Saved data entries
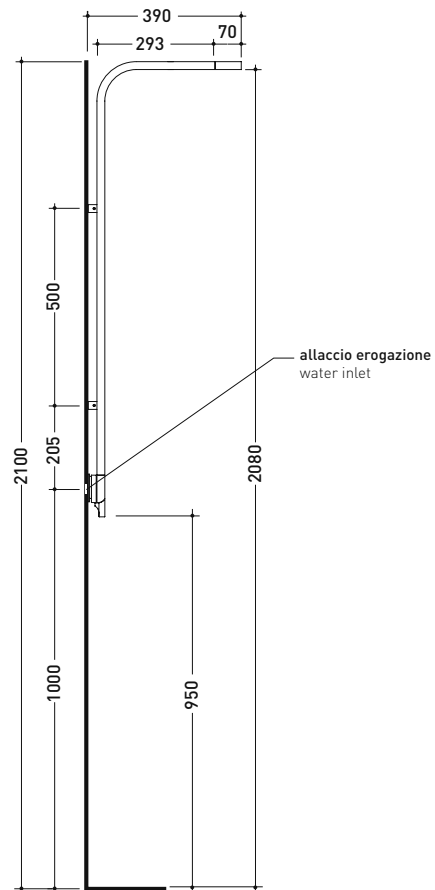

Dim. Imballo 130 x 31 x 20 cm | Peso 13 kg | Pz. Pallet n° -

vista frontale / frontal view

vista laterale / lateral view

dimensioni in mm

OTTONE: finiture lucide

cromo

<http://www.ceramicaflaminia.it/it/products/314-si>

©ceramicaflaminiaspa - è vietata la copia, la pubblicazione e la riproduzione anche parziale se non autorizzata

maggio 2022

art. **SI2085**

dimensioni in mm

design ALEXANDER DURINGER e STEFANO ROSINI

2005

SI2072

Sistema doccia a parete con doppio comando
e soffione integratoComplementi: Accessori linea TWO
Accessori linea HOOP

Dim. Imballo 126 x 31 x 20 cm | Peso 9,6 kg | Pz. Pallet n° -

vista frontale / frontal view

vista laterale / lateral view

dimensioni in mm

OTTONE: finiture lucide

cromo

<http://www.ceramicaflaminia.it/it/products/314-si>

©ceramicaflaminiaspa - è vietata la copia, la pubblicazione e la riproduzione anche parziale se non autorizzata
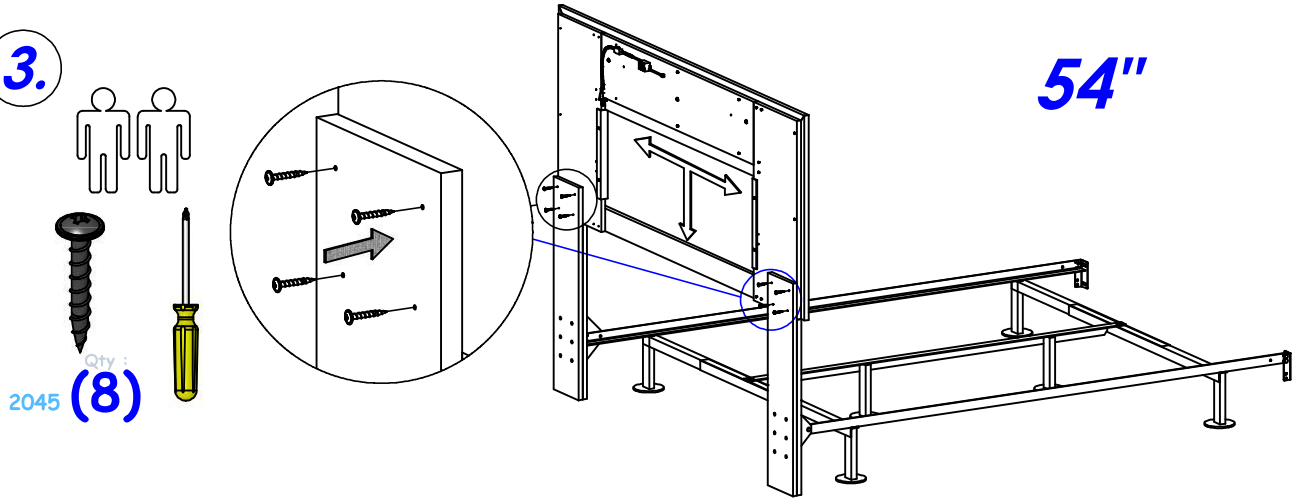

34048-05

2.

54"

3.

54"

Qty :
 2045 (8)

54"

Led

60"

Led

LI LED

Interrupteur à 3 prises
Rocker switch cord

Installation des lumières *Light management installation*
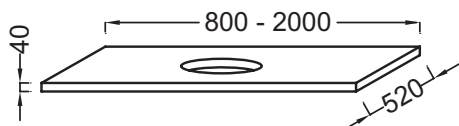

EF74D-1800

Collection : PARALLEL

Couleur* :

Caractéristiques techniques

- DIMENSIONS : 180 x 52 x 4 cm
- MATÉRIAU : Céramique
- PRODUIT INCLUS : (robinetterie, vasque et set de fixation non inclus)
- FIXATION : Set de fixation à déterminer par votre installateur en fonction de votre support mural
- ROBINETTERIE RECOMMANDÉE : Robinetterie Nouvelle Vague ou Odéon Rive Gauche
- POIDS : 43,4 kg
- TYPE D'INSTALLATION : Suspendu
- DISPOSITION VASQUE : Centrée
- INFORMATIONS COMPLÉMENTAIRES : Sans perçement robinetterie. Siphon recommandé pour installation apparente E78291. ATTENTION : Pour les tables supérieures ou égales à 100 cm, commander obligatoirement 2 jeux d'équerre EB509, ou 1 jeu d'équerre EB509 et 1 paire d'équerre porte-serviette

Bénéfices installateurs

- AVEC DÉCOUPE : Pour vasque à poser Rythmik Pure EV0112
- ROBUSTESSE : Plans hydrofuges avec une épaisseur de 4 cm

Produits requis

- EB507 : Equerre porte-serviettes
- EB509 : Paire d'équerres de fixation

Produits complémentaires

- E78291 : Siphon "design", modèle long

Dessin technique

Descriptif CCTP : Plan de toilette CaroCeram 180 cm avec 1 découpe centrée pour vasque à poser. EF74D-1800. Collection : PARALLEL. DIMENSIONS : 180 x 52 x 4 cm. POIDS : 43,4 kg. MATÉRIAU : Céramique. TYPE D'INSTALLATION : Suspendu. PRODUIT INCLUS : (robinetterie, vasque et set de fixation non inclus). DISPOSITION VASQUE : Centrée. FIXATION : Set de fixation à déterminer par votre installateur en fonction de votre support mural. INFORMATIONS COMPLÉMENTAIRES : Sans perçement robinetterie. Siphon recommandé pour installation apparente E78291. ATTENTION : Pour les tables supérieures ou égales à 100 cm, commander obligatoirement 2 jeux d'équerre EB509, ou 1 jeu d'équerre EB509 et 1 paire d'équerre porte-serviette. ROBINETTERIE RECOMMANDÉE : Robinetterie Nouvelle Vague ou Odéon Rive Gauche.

* * *

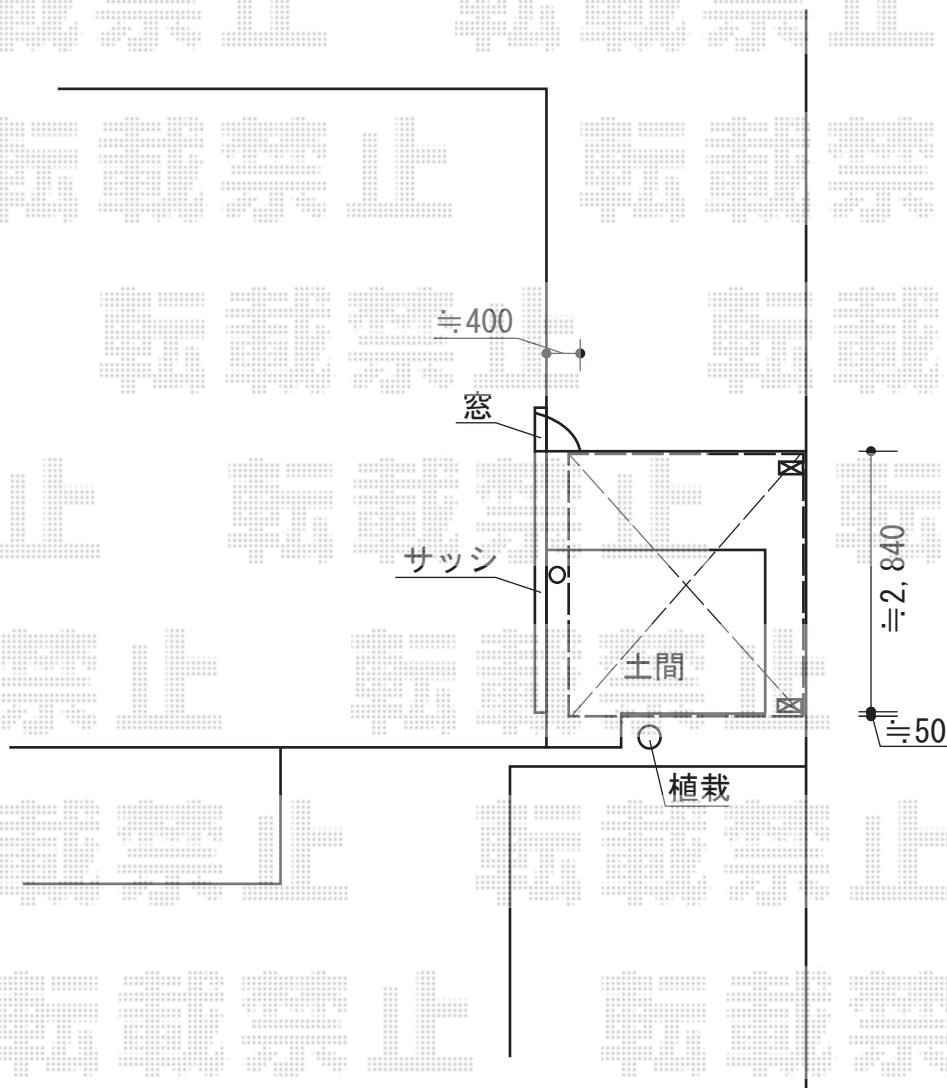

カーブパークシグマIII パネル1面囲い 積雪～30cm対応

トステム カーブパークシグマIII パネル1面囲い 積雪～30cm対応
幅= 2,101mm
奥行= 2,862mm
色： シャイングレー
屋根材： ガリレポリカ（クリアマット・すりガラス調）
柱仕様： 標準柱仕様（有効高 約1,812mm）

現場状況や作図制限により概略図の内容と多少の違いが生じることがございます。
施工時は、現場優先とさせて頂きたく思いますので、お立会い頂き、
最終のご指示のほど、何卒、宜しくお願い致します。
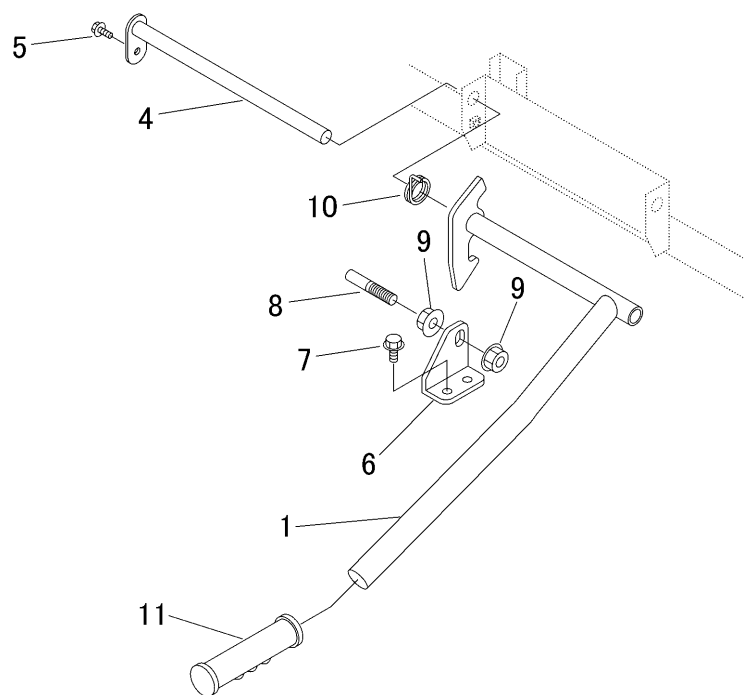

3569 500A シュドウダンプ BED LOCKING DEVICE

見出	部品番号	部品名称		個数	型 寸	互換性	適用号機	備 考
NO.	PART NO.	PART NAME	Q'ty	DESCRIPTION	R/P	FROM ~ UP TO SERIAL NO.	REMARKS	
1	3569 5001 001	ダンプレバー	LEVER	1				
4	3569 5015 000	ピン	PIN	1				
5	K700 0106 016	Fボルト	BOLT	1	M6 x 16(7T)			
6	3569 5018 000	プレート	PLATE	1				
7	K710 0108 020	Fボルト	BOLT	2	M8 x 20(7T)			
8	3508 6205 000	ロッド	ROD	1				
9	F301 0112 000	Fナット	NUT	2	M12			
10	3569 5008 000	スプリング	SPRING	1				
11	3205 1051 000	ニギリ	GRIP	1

• _TASK GOAL_
Search the entries for the word "obligatoirement", then list each line that holds it.

• _EXERCISE SOLUTION_
- INFORMATIONS COMPLÉMENTAIRES : Sans perçement robinetterie. Siphon recommandé pour installation apparente E78291. ATTENTION : Pour les tables supérieures ou égales à 100 cm, commander obligatoirement 2 jeux d'équerre EB509, ou 1 jeu d'équerre EB509 et 1 paire d'équerre porte-serviette
Descriptif CCTP : Plan de toilette CaroCeram 180 cm avec 1 découpe centrée pour vasque à poser. EF74D-1800. Collection : PARALLEL. DIMENSIONS : 180 x 52 x 4 cm. POIDS : 43,4 kg. MATÉRIAU : Céramique. TYPE D'INSTALLATION : Suspendu. PRODUIT INCLUS : (robinetterie, vasque et set de fixation non inclus). DISPOSITION VASQUE : Centrée. FIXATION : Set de fixation à déterminer par votre installateur en fonction de votre support mural. INFORMATIONS COMPLÉMENTAIRES : Sans perçement robinetterie. Siphon recommandé pour installation apparente E78291. ATTENTION : Pour les tables supérieures ou égales à 100 cm, commander obligatoirement 2 jeux d'équerre EB509, ou 1 jeu d'équerre EB509 et 1 paire d'équerre porte-serviette. ROBINETTERIE RECOMMANDÉE : Robinetterie Nouvelle Vague ou Odéon Rive Gauche.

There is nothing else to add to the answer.